Tactical Combat discussion continuation
Originally, Elemental was going to have continuous turn combat. That effectively meant real-time. Ultimately, after playing around with it, we decided to implement turn based (simultaneous turns based on combat speed) with tiles.
The evolution of tactical combat in Elemental owes a lot to the beta program. 9 Months of public beta testing of the game engine with corresponding debates has led to some important changes that would not have happened otherwise.
A lot of the discussion resulted in us thinking about the game in ways we didn’t think of before. Specifically, how do we address game design issues that have plagued our genre for decades now? If you’re a strategy gamer, you know them well.

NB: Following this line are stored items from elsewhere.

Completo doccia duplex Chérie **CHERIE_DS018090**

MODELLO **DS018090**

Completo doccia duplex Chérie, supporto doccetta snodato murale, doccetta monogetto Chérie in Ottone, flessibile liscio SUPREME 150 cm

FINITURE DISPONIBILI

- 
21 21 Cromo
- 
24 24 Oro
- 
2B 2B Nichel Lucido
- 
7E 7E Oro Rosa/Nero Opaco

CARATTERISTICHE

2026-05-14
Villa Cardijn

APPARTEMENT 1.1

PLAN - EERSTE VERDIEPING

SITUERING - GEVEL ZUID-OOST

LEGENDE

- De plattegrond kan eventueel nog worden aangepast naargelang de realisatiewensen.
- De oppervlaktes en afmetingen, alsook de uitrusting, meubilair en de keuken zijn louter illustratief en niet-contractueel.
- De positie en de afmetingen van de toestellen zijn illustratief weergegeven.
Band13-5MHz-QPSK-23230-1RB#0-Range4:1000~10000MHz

For us, the challenge of tactical combat has been about giving the player as much control as possible over how long tactical combat should last. This ultimately led to the realization that the funnest way for us turned out to be to have the strategic elements of combat very clear and well defined.
Elements of Tactical Combat
In no particular order these are the things that matter:
- Combat Speed. Your combat speed determines how many “moves” / attacks you get during a particular turn. In the begging of Lord of the Rings, what makes Sauron such a bad ass is that he can attack so many units at once. He has, in game turns, an incredible combat speed.

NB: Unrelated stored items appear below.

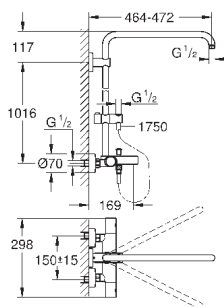

Душевые системы Euphoria

Душевая система с термостатом для ванны; настенный монтаж

с укороченной душевой штангой для использования в душевых кабинках включает в себя:

горизонтальный поворотный душевой

кронштейн 450 мм

настенный термостат с аквадиммером

отдельный переключатель на ручной душ

скользящий элемент

душевой шланг 1750 мм (28 388 000)

расстояние между термостатом и верхней розеткой 1016 мм

GROHE TurboStat встроенный термоэлемент

GROHE SafeStop стопор безопасности при 38°C

GROHE SafeStop Plus опционно ограничитель температуры на 43°C, включен

GROHE StarLight хромированная поверхность

внутренний охлаждающий канал для продолжительного срока службы

Twistfree против перекручивания шланга

совместим с проточным водонагревателем **только** выше 18 кВт/ч, а также с

накопительным водонагревателем (см. Техническую информацию)

минимальный расход воды 7л/мин
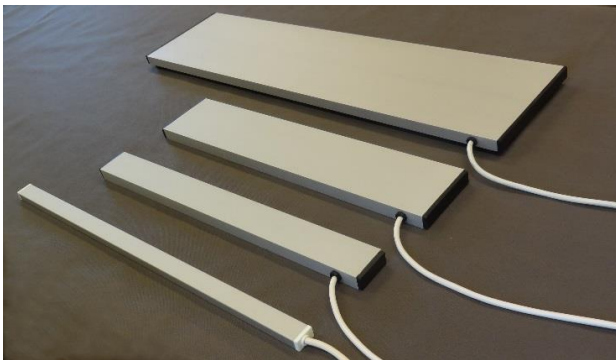

TH-VEB Selvregulerende varmeelement for båt

THERMOTEX

- Lages i forskjellige utgaver / dimensjoner
- Kan felles inn i benker eller legges fritt direkte på gulv
- Overflatetemperatur som gjør at elementet kan plasseres over alt i båt, fra cabin til maskinrom
- Egner seg utmerket for båter i vinteropplag på land eller veg brygge
- Effekten justerer seg i.h.t. omgivelsestemperatur
- Spenning 230V. Dobbelisolert. Materiale: Natureloksert aluminium
- Ingen fare for antennelse ved overdekking
- Elementene kan leveres med festebraketter for montering på vegg eller innfellingsrammer

Dimensjoner / Effekt typiske lengder for båt

Vare nr.	Lengde	Bredde	Høyde	Max Effekt
TH-VEB/200	1.00m	200mm	20mm	250W
	0,75m	200mm	20mm	175W
	0,50m	200mm	20mm	125W
TH-VEB/100	1,00m	100mm	20mm	150W
	0,75m	100mm	20mm	100W
	0,50m	100mm	20mm	50W
TH-VEB/50	1,00m	50mm	20mm	100W
	0,75m	50mm	20mm	75W
	0,50m	50mm	20mm	50W
TH-VEB/25	1,00m	25mm	15mm	40W

VARMEELEMENTER TH-VEB

Overnevnte versjoner er lagervare.

Elementene kan leveres i ønsket lengde og med effekt tilpasset lengden.

Versjon med bredde 25mm og høyde 15mm kan leveres med effekt 50W pr. meter.
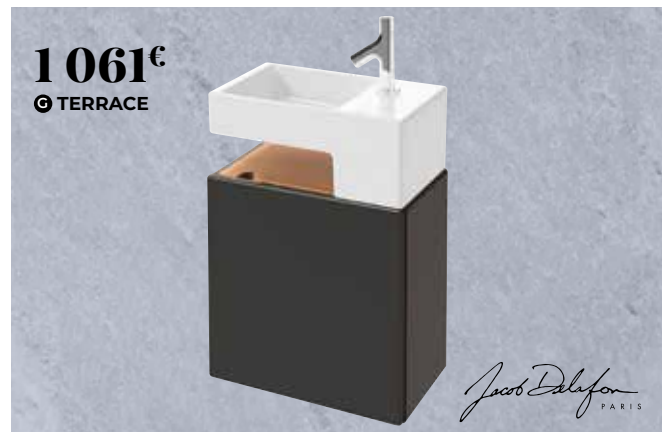

Le meuble

- LAVE-MAINS -

Ⓓ Ensemble lave-mains avec meuble **CLOAKROOM** et vasque **MINI SPOT** L40 x L20 x H10 cm, finition noir mat et teck. Code 6638710. **590€** dont 0,37€ d'EC mobilier | ⓑ Ensemble meuble lave-mains suspendu **POP HAPPY** L40 x P30 x H59 cm, mélaminé, finition laqué marron glacé, 1 porte, 1 niche latérale ouverte, plan-vasque en marbre de synthèse, finition blanc. Code 6638737. **838€** dont 1,30€ d'EC mobilier | Ⓕ Meuble lave-mains **ESQUISSE**, L70 cm, avec dérouleur papier intégré, 1 porte basculante, 1 vasque céramique blanc à gauche sans trop-plein. Code 6859072. **731€** dont 1,15€ d'EC mobilier | Ⓖ Meuble lave-mains **TERRACE** L49 x L28 cm, finition laqué noir brillant, 1 porte. Code 6638739. **756€** dont 1,80€ d'EC mobilier. Lave-mains L49 cm, pour meuble **TERRACE**, finition blanc. Code 1443062. **305€**
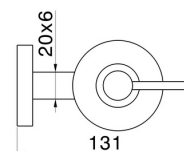

Murale

DESSIN TECHNIQUE

ACCESSOIRES X-STEEL

73210X.59.097

Distributeur de savon mural. Résine blanche - finition PVD Brushed Gold

FINITIONS DISPONIBLES

59.097

PVD Brushed Gold
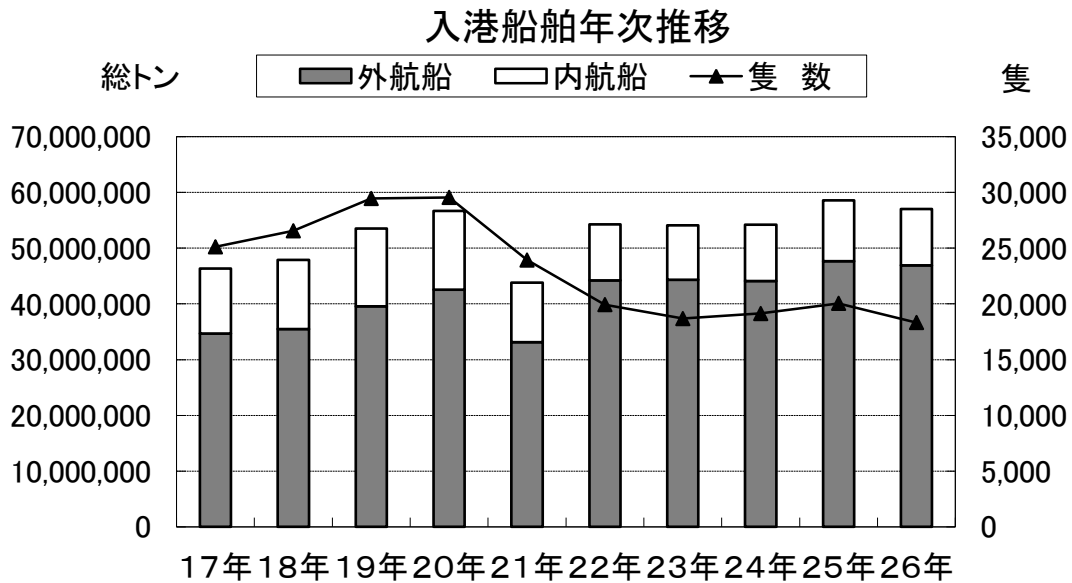

II 木更津港

入港船舶数は 18,333隻、総トン数は5,706万総トン

入港船舶数構成比(平成26年)

■入港船舶年次推移

(単位:総トン・隻)

年次	総トン数			隻数	隻数	
	外航船	内航船	外航船		内航船	
平成 17年	34,676,242	11,652,768	25,126	1,173	23,953	
18年	35,511,413	12,386,746	26,563	1,215	25,348	
19年	39,553,696	13,988,102	29,462	1,353	28,109	
20年	42,534,655	14,133,931	29,558	1,418	28,140	
21年	33,127,345	10,707,539	23,938	1,154	22,784	
22年	44,209,035	10,049,495	19,940	1,505	18,435	
23年	44,355,374	9,745,211	18,686	1,333	17,353	
24年	44,118,920	10,094,760	19,138	1,220	17,918	
25年	47,660,549	10,949,554	20,054	1,236	18,818	
26年	46,931,693	10,128,323	18,333	1,216	17,117

- Morale. Unit morale matters but for fun purposes, we try to keep it straight forward. Units have High Morale (25% combat bonus), Normal Morale (no bonus), Low Morale (25% combat penalty), and Panic (you don’t control them). It provides a whole new avenue for us to play in.
- Terrain. This is where the tile based part mattered for us (and for the AI). Some terrain, obstacles, and tiles simply provide better offensive and defensive bonuses, Controlling them matters.

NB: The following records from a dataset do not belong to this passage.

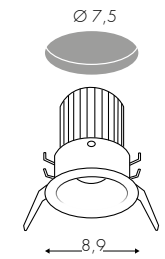

S-POT

INCASSO
RECESSED LIGHT
EINBAULEUCHTE

configurazione standard: / basic configuration: / Standard Konfiguration:

36° Ottica - Optic - Optik ● B 3000K

BV ☐

4017IOFBV36B 9W 1000lm* - 220V 103,00 €
4017ITFBV36B 9W 1000lm - 220V 129,00 €

Configura Configure / Konfigurieren

www.teamitaliailluminazione.it

4017LOFBV36B 18W 2000lm - 220V 150,00 €
4017LTFBV36B 18W 2000lm - 220V 177,00 €

4017MOFBV36B 26W 3000lm - 220V 160,00 €
4017MTFBV36B 26W 3000lm - 220V 187,00 €

Configura Configure / Konfigurieren

www.teamitaliailluminazione.it

○ C 4000K

NE ☒

CODICE COMPLETO DEL PRODOTTO NELLA FOTO
FULL PRODUCT CODE AS SHOWN IN PICTURE - VOLLSTÄNDIGER CODE VOM ARTIKEL IM BILD

4017LOF **NE** **36** **B**

Codice
Code

Finitura
Finishing
Lackierung

Diffusore
Diffuser
Diffusor

Tonalità
Hue
Farbton

TF Taglio di Fase - Phase-Cut Dimmer - Erhältlich Phasenabschnittdimmer

A↑ Alimentatore Incluso in remoto - Included Power Supply in remote - Fernspeisung enthalten

* 1000lm effettivi - effective - effektive con - with - mit 36°
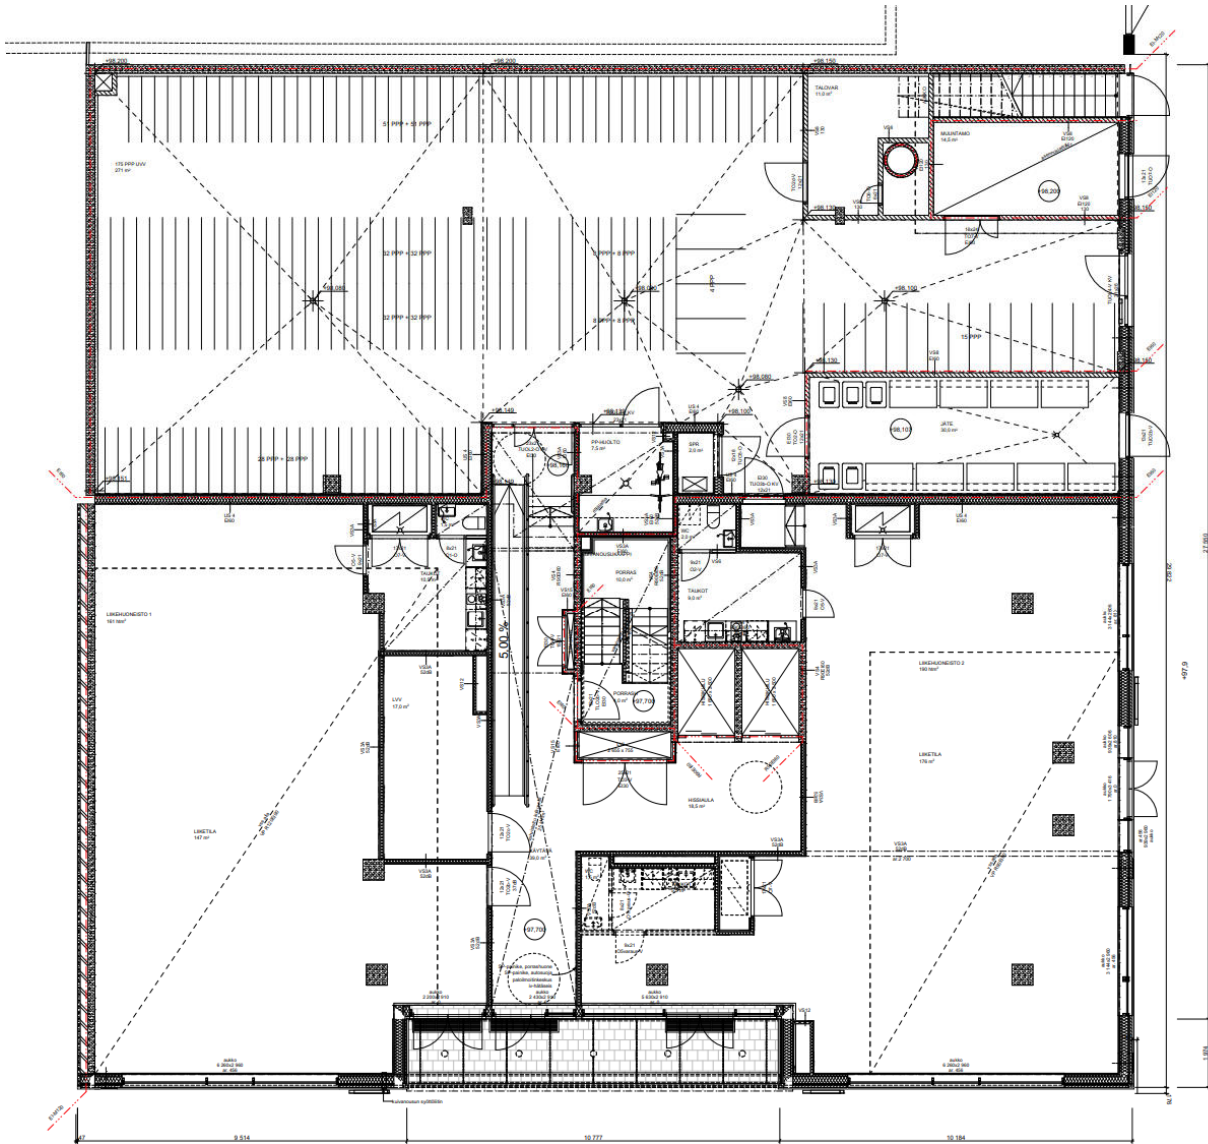

Toimitilaa Pinninkatu 47, 33100 Tampere

Pohjakuva, ei mittakaavassa, suuntaa antava

- WINNER. TAKE. ALL. This is the part where we want to hear your opinions. We do ask that you keep an open mind on what we ultimately go with. My opinion is that the attacking player has the onus to finish the battle in N turns. After N turns, the attacker morale starts to go lower and lower at which point the defender can come out and make mince meat out of them. The question is, what should determine what N is? Or should we allow retreating? Should we allow draws? I’m against retreats or withdraws because it’s one of those things that allows the game to drag on. It’s a strong personal preference of mine that two men enter, one man leaves. (Your heroes will tend to escape though).
- Combined Arms. Archers have range. Mounted Warriors have great combat speed. Foot soldiers tend to have better weapons and defenses. It means putting together your army matters a lot. It also is important to us that players understand precisely why they won or lost a battle.
- Thresholds. Players can set the tactical battle threshold in the menu. That is, they can say it requires 10 units on each side before it’ll actually go into tactical battle. At any point, players can have a tactical battle auto-resolve.
Remaining Questions and issues:
- Controlling the length of a tactical battle. We believe that users should have a lot of control over how in depth they want their battles to be. Should a tactical battle finish in less than a minute or should they last 2 hours? How do we make it so that players can control this?
- Randomization vs. Richness. I won’t lie to you, we have a trade off in front of us and it’s a big one. We can randomly generate the battlefields in tactical combat OR we can have it pick from a series of pre-made tactical battle maps. The randomly generated ones won’t be as interesting but they’ll more accurately reflect the local terrain. I’m preferring the pre-made ones because we can add some spectacular strategic when we’re crafting them and have hundreds to pull from.